Opening avenues for local applicants to compete for city-issued cannabis business licenses is only part of the solution. Starting a business requires startup capital—and that’s where federal law really impedes opportunities for minority entrepreneurs, especially Black Americans. Because cannabis remains federally illegal, government grants and bank loans are not available. As a result, personal savings, family wealth, and second mortgages are the most common sources of start-up capital in the cannabis industry. That is where Black Americans face a dramatic disadvantage. More than 150 years of economic terror—including generations of home mortgage redlining, Jim Crow laws, GI Bill exclusion, bank loan denials, and unpunished crimes like the 1921 Tulsa Race Massacre—have left the United States with a yawning racial wealth gap. The median family wealth for white Americans today is $171,000, compared with $17,150 for Black Americans. Family wealth is most commonly held and passed down through home ownership, a critical component of wealth-building that has been strictly denied to generations of Black Americans.
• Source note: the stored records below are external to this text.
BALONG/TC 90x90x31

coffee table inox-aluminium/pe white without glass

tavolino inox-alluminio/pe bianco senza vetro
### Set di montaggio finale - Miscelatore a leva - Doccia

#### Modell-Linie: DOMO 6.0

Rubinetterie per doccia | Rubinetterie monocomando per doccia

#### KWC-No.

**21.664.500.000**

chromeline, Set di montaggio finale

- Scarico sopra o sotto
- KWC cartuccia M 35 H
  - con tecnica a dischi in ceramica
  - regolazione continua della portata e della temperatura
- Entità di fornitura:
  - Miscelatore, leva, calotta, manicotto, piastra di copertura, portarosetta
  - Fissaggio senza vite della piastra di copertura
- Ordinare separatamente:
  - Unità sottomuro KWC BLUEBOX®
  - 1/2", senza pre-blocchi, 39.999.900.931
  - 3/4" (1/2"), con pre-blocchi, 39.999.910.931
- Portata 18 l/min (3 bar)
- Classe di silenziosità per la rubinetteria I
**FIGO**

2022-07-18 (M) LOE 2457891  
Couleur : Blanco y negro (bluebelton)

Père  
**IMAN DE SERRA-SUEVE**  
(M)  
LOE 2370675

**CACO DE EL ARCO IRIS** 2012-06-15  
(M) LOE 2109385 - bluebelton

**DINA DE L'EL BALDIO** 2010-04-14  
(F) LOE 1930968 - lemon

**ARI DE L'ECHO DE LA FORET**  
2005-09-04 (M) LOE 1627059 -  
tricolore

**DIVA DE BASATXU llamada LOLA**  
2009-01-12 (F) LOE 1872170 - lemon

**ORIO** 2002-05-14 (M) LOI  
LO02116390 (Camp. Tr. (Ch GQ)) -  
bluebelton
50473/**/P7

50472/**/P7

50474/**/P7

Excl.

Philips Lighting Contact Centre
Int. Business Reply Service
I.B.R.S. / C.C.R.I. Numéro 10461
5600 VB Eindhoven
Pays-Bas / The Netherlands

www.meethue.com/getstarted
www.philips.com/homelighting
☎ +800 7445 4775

The continued federal prohibition of marijuana is not just an inconvenience that state-legal companies must work around. Federal prohibition actively represses the opportunities for minority entrepreneurs, and especially Black entrepreneurs, to enter the legal cannabis industry.
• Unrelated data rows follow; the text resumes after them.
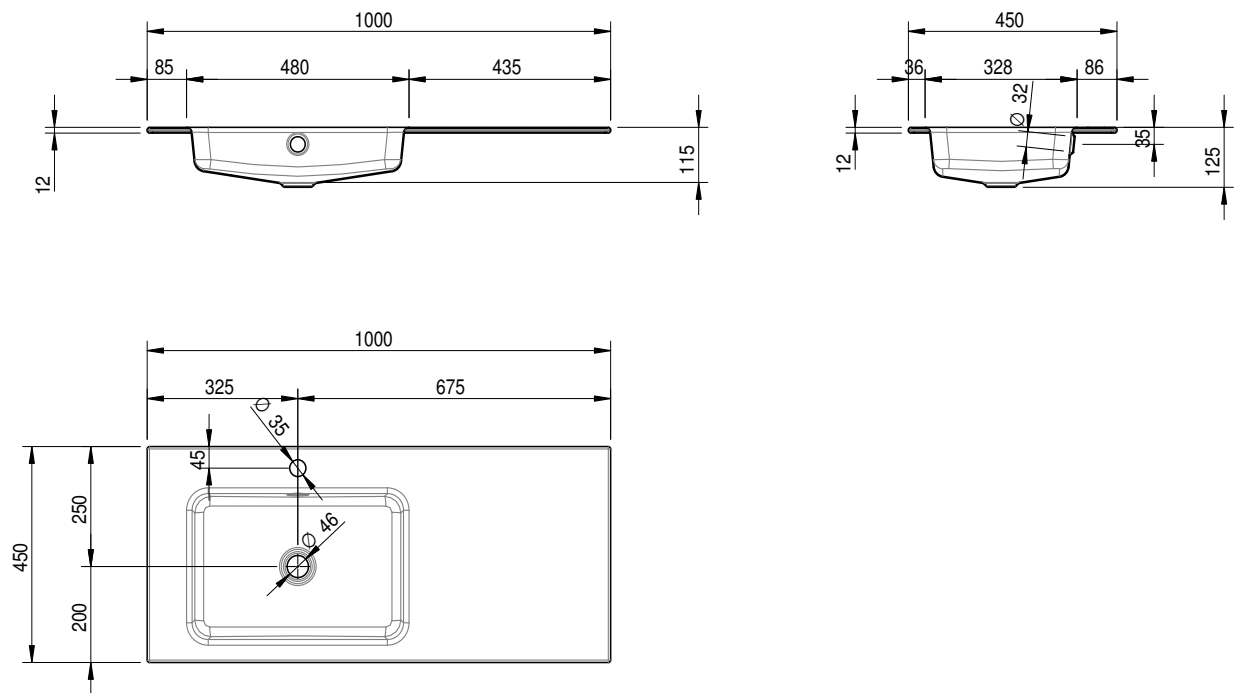

Massskizze

Schmidlin MERO Einlegebecken 100x45x1 cm, Becken links

mit Überlauf, inkl. Befestigungszubehör, inkl. Überlaufgarnitur verchromt

**Artikel-Nr.:** 2042-0002**SGVSB-Nr.:** 217472.241**Optionen**

- Farbklasse: I,II,III,IV,V [FA0_ _]
- Ohne Überlaufloch [UL0]
- GLASUR PLUS [OV01]
- Löcher für 3-Loch Armatur
- Lochbohrung für Schmidlin Seifenspender [SSP02]
- Runde Lochbohrung nach Mass [WT_ALS02]
- Spezialanfertigung
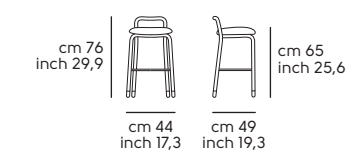

Pippi AP acciaio EN, tessuto tessuto visual TCA8
Pippi AP EN steel, visual TCA8 fabric

Pippi P
Pippi AP
Pippi H65
Pippi S

Piedini - Feet

Acciaio - Steel

Tessuto - Fabric

Tessuto visual - Visual fabric

Vedi campionario per scegliere il colore - Check the swatches for the complete colours

Pippi S

Pippi P

Pippi AP

Pippi H65

Pippi H75
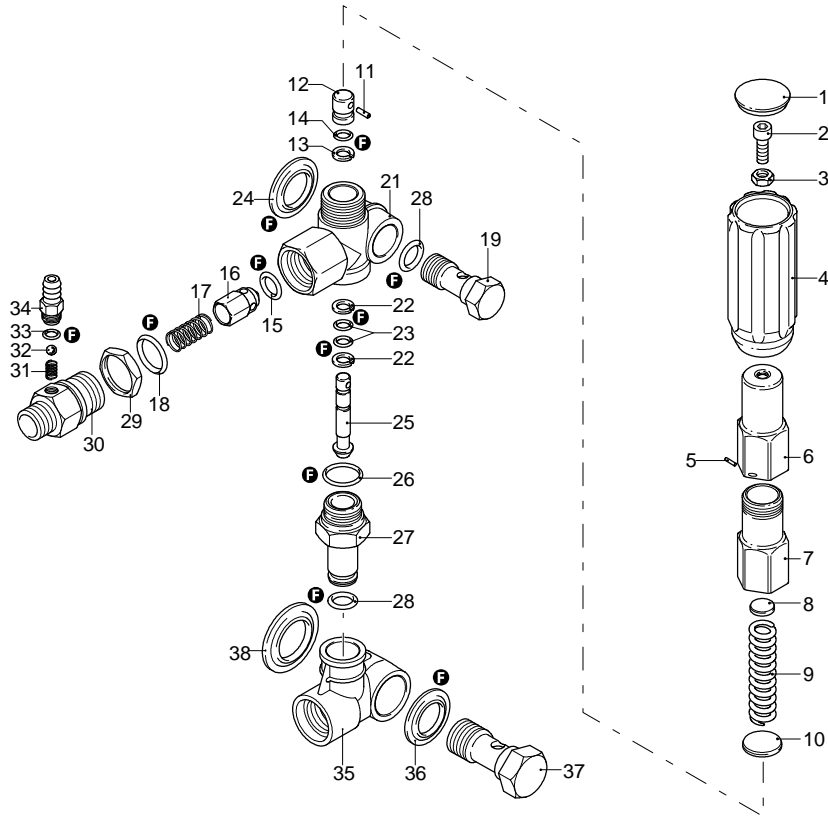

Modello 6970

Versione:

Matricola:

Codice: **24104**

10/12/2013

400 V - 50 Hz - 3 ~

Validità	Pos.	Codice	Denominazione	Q
	1	1560580	Tappo	1
	2	540290	Vite	1
	3	1660210	Dado	1
	4	1560400	Manopola	1
	5	1080070	Spina	1
	6	1560420	Vite	1
	7	1560410	Guida	1
	8	1560440	Piattello	1
	9	1560350	Molla	1
	10	1080610	Piattello	1
	11	1080660	Spina	1
	12	1080540	Pistone	1
	13	391000	Guarnizione OR	1
	14	1080640	Anello	1
	15	1560150	Guarnizione OR	1
	16	1560100	Otturatore	1
	17	1560140	Molla	1
	18	180101	Guarnizione OR	1
	19	1540272	Vite	1
	21	1560010	Corpo valvola	1
	22	1080550	Anello	2
	23	480480	Guarnizione OR	2
	24	1560280	Rondella	1
	25	1560320	Pistone	1
	26	880270	Guarnizione OR	1
	27	1560051	Raccordo	1
	28	390080	Guarnizione OR	2
	29	1560510	Dado	1
	30	1560530	Raccordo	1
	31	1560520	Molla	1
	32	1250280	Sfera	1
	33	480480	Guarnizione OR	1
	34	1560490	Portagomma	1
	35	1540020	Collettore	1
	36	1540120	Rondella	1
	37	1540090	Raccordo	1
	38	1560290	Rondella	1
	39	20082	Valvola completa	1
	F	2611	Kit guarnizioni	1

This is one reason why the pressure is on in Washington D.C. to make cannabis legal under federal law. 

The Solution: Establish a Cannabis Equity Program

Pasadena has a huge opportunity to right the historic wrongs of Pasadena’s “War on Drugs” (which was also a complete public policy failure) that harmed thousands of Pasadena residents, mostly people of color, by immediately implementing a Cannabis Equity Permit Program using the following criteria for Equity Owners:

  1.     Is a Pasadena resident at the time the permit issued; and
  2.     Has lived in a combination of Council Districts 1, 3 or 5 for at least ten of the last twenty years or was arrested after November 5, 1996 and convicted of a cannabis crime or other cannabis related violation in Pasadena, California.
  3.     Owns a minimum of 51% of the operation and maintains operational control.
  4.     No assignment of operational control, economic benefits, or management contracts with otherwise unqualified third parties is permitted and shall require a revocation of the license.
  5.     A minimum of fifty (50%) of all new permits collectively issued by the City of Pasadena shall be issued to Equity Applicants.  This excludes permits issued to the initial three (3) dispensaries.
  6.     All dispensaries must maintain a staff comprised of at least fifty (50%) Pasadena residents and twenty-five percent (25%) Pasadena residents in census tracts identified by the City Manager as having high unemployment rates or low household incomes.
  7.     The application process for Equity Owners is bifurcated to relieve Equity Applicants from having to incur the expense of holding real estate prior to obtaining a license.  Equity Owners can first obtain a license without procuring a specific real estate location in advance. After obtaining a license an Equity Owner can then submit a CUP for a qualified location.

Conclusion

Public policy should be based on fact, not the fear-based fantasies of people who hypocritically don’t hesitate to host “wine parties”.  Pasadena must act now to aggressively divert this unprecedented wealth opportunity to Pasadena residents.